Imagine that your organization is facing a thorny adaptive challenge. Maybe an aggressive new competitor is stealing your market share, or an attractive but complicated growth opportunity is opening up. Once an organization recognizes that it’s facing an adaptive challenge, it typically sets out on a winding road of exploration, discussion and action that eventually leads to decisions and results. It comprises many different interactions and touch points that unfurl over time, including informal discussions, intensive research, formal review meetings, working-team sessions and — most important — strategic conversations.

This kind of creative problem solving follows an arc of divergence and convergence. You start by taking a broad perspective on a challenge, then gradually shift into identifying and  winnowing down possible solutions over time.

 1. Seize Your Moment. Strategic conversations are pivotal, synthesizing moments within this larger process. They enable a group to achieve new levels of clarity and coherence about their adaptive challenge — and help move leadership teams toward deeper levels of shared commitment and understanding. While an adaptive challenge rarely gets “solved” in any one conversation, a well-designed session can release tremendous energy and create forward momentum. These moments of impact propel a group forward, often opening new avenues of insight and alignment along the way.
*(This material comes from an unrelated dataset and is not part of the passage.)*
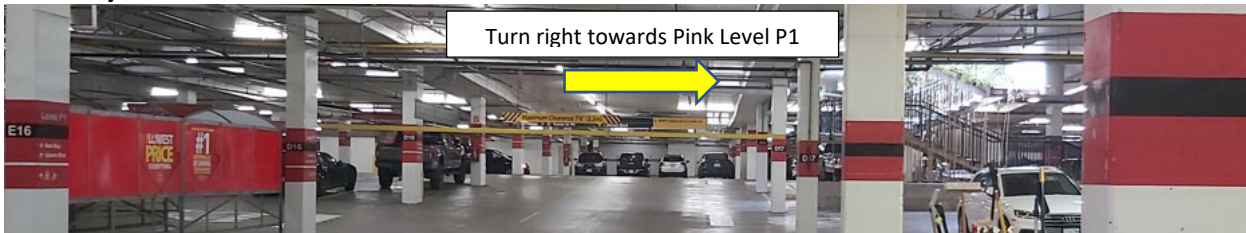

- Once in the underground parking, Turn **LEFT** immediately at the 4-way stop, towards the red parking area
- At the end of the red parking area, turn **RIGHT** towards the Pink Level P1 parking area (follow signs for Pulse). **Park anywhere in the Pink Level P1 area.**

2. Pick One Purpose. Strategic conversations have just three overarching purposes: Building Understanding, Shaping Choices or Making Decisions. Any strategic conversation you can imagine will sort into one of these categories. A well-designed strategic conversation must focus on one — and only one — of these three types. If your group doesn’t know much
about the issues — or has sharply divergent opinions on them — you need to run a Building Understanding session. If they have tons of knowledge but are spinning their wheels on what to do, it’s time for a Shaping Choices session. Only when you’ve done both of these jobs well
should you consider calling a Making Decisions session.

3. Go Slow To Go Fast. An important part of running any good meeting or strategic  conversation is getting to a clear list of next steps. When approaching a strategic conversation, it’s common for participants to push for agendas that drive faster toward agreement and decision making than is realistic. That’s a problem because people need time and space to process together the complexity of adaptive challenges. Groups that make the effort to get to a true moment of impact — that is, some deep alignment on important insights — recognize this as progress. After they reach this point, they can usually start taking action — fast.

If you leave a strategic conversation without consensus, no list of next steps — no matter how “action oriented” — is likely to help. By contrast, when your group walks out of the room with genuine agreement around some important new clarity, you can always sort out next steps later.